4e6789aef56e71a9ab5ba6c983ffd757147d8dd7:

• Should probably get tests to ensure that nothing is missed or double-hit.
• This isn't exactly a random permutation. It's predictable and observable once you see a couple of values. Would using smartlist_shuffle() to get an actual random permutation be of any use here? (If not, we should probably use another word besides "permutation")

[teor]

Yes, I think smartlist_shuffle() would be a much better alternative.
The same tests and speedup code would still apply, so only 4e6789aef56e71a9ab5ba6c983ffd757147d8dd7 would need to be modified.

This would make me very happy, because it would cut out much of the far-too-complicated random start/step code in favour of a static array of 128 (or fewer if scaled) uint8 values.

[teor]

Nick, did you mean shuffle the entire list of relays?
Otherwise, the relay testing would still be predictable inasmuch that relays with the same 7-bits in the first byte would be tested together.
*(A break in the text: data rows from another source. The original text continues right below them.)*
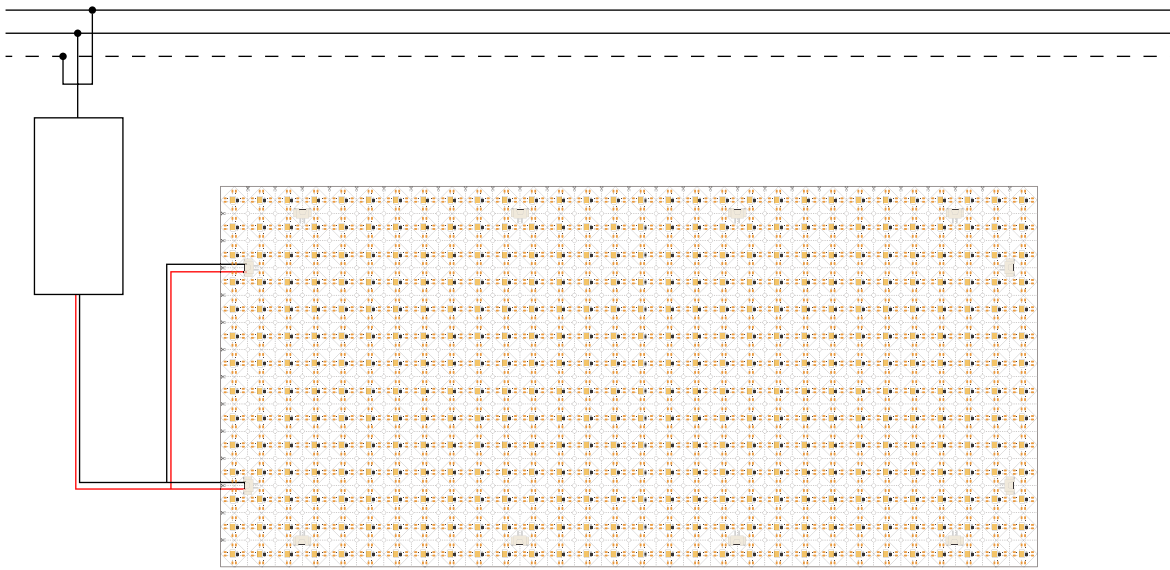

Wiring Diagrams

Single Colour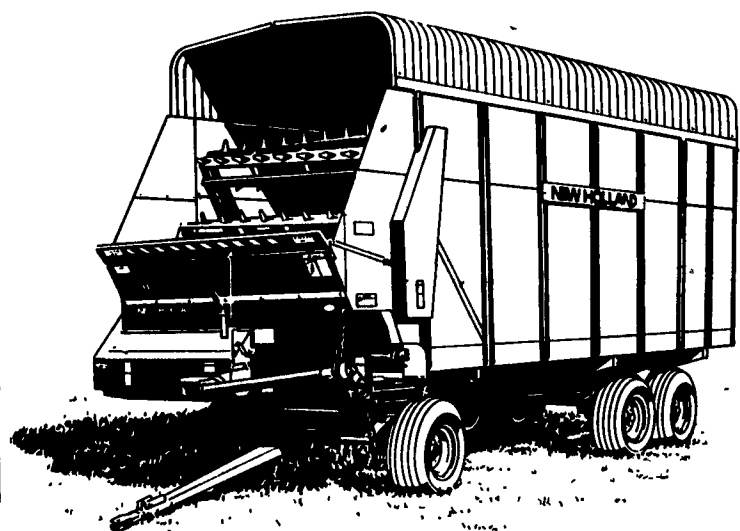

MODEL 790

1

**FARM
EQUIPMENT**

HIGH PERFORMANCE LOW HASSLES

The high performance of the Model 790 forage harvester starts with the massive 12-knife cutter-head. It delivers a fine, uniform chop for high quality feed. The "790" is built tough to keep chopping season after season. And routine maintenance is easy to keep hassles to a minimum. Stop in and see for yourself.

FORAGE BOXES

FAST UNLOADING

You'll haul and unload your forage fast with rugged, dependable "816" and "818" forage boxes. Roller chain drive provides unloading speeds of 3.0 and 7.1 fpm. Or choose the optional variable speed unloading drive for infinite unloading speeds up to 13.7 fpm.

QUALITY USED EQUIPMENT FOR SALE

**Like New 1992
Stoltzfus 8-Ton Wet Lime Spreader
With Hydraulic Spinners**

HAYING EQUIPMENT

- (4) NH #489 Haybine
- NH #SP1495 Haybines
- NH #1034 Bale Wagon
- NH #851 Round Baler
- NH #320 Baler w/Thrower
- NH #144 Windrow Inverter
- Hesston #1130 Mower Conditioner
Used To cut Only 100 Acres
- Deutz #K2.52 Tedder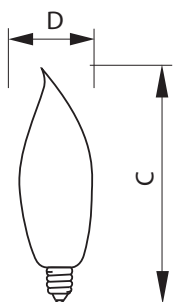

Dimensional drawing

E12, BA9

E12, BA9

© 2012 Koninklijke Philips Electronics N.V.
All rights reserved.

Specifications are subject to change without notice. Trademarks are the property of Koninklijke Philips Electronics N.V. or their respective owners.

www.philips.com/lighting

2012, August 4
data subject to change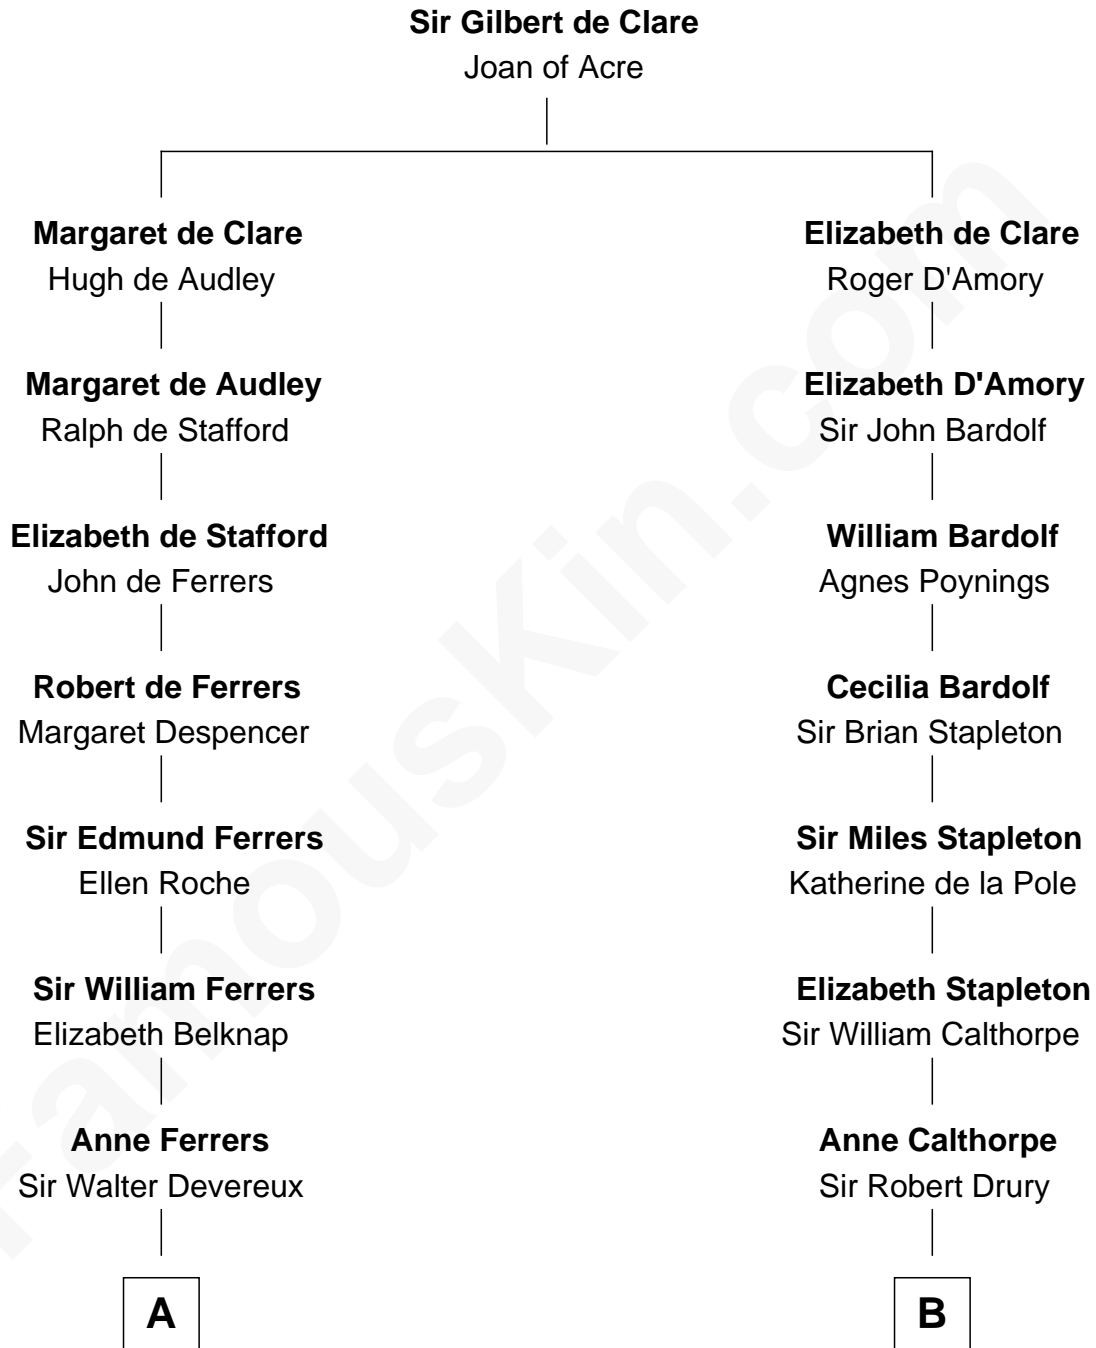

FamousKin.com

Relationship Chart of

Grover Cleveland

22nd and 24th U.S. President

12th cousin 8 times removed of

Rev. George Burroughs

Executed for Witchcraft, Salem 1692

C

Abiah Hyde

Aaron Cleveland

William Cleveland

Margaret Falley

Rev. Richard Falley Cleveland

Ann Neal

Grover Cleveland

22nd and 24th U.S. President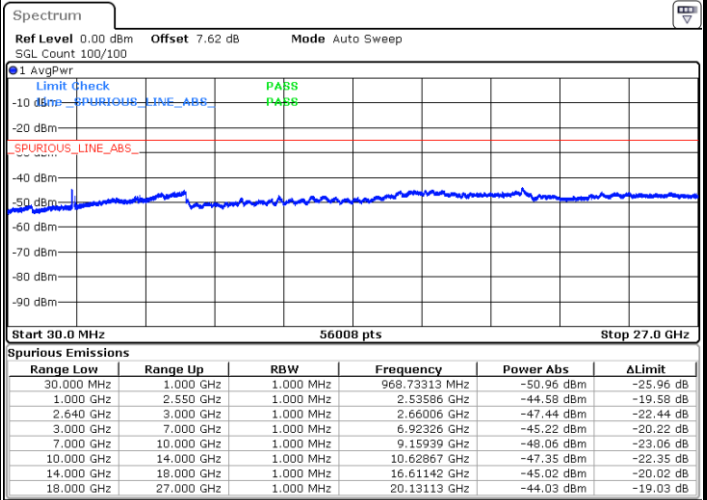

Date: 4 JAN 2018 09:37:45

Middle Channel / QPSK

Middle Channel / 16QAM

Date: 4 JAN 2018 09:30:21

Date: 4 JAN 2018 09:33:54

LTE Band 38 / 15MHz

Highest Channel / QPSK

Highest Channel / 16QAM

Date: 4 JAN 2018 09:31:15

Date: 4 JAN 2018 09:32:43

LTE Band 38 / 20MHz

Lowest Channel / QPSK

Lowest Channel / 16QAM

Date: 4 JAN 2018 09:59:32

Date: 4 JAN 2018 10:03:04

LTE Band 38 / 20MHz

Middle Channel / QPSK

Middle Channel / 16QAM

Date: 4 JAN 2018 09:58:43

Date: 4 JAN 2018 10:04:01

Highest Channel / QPSK

Highest Channel / 16QAM

Date: 4 JAN 2018 09:57:48

Date: 4 JAN 2018 10:05:12

LTE Band 38 / 5MHz

Lowest Channel / 64QAM

Middle Channel / 64QAM

Date: 4 JAN 2018 10:34:47

Date: 4 JAN 2018 10:36:34

Highest Channel / 64QAM

Date: 4 JAN 2018 10:39:19

I'm not sure if that matters that much.

[teor]

Maybe 0.2.7

[nickm]

This didn't pass triage, but since it's in needs_revision, I'm just marking it deferrable and leaving it in the milestone. It can't hurt, can it?

My rationale for redlining it during triage was that the best place to do unpredictable-order testing is probably in a successor to torflow.

[nickm]

Marking triaged-out items from first round of 0.2.7 triage.

[nickm]

Move *most* 0.2.7-triaged-1-out needs_revision items into 0.2.???. Keep a few based on my sense of the sensible.

[teor]

#13928 is a solution to a problem I don't think exists (authority reachability testing being predictable). And making it random could cause other hard-to-diagnose bugs.

Deferring it for later for now.

[teor]

No longer depends on the parent

[teor]

Milestone renamed

[nickm]

Finally admitting that 0.3.??? was a euphemism for Tor: unspecified all along.

[nickm]

Remove an old triaging keyword.

[dgoulet]

Turns out that tor-auth is for directory authority so make it clearer with tor-dirauth

[teor]

Disowning tickets I don't intend to work on in the next 6 months.

[teor]

Mark all tickets that are assigned to nobody as "new".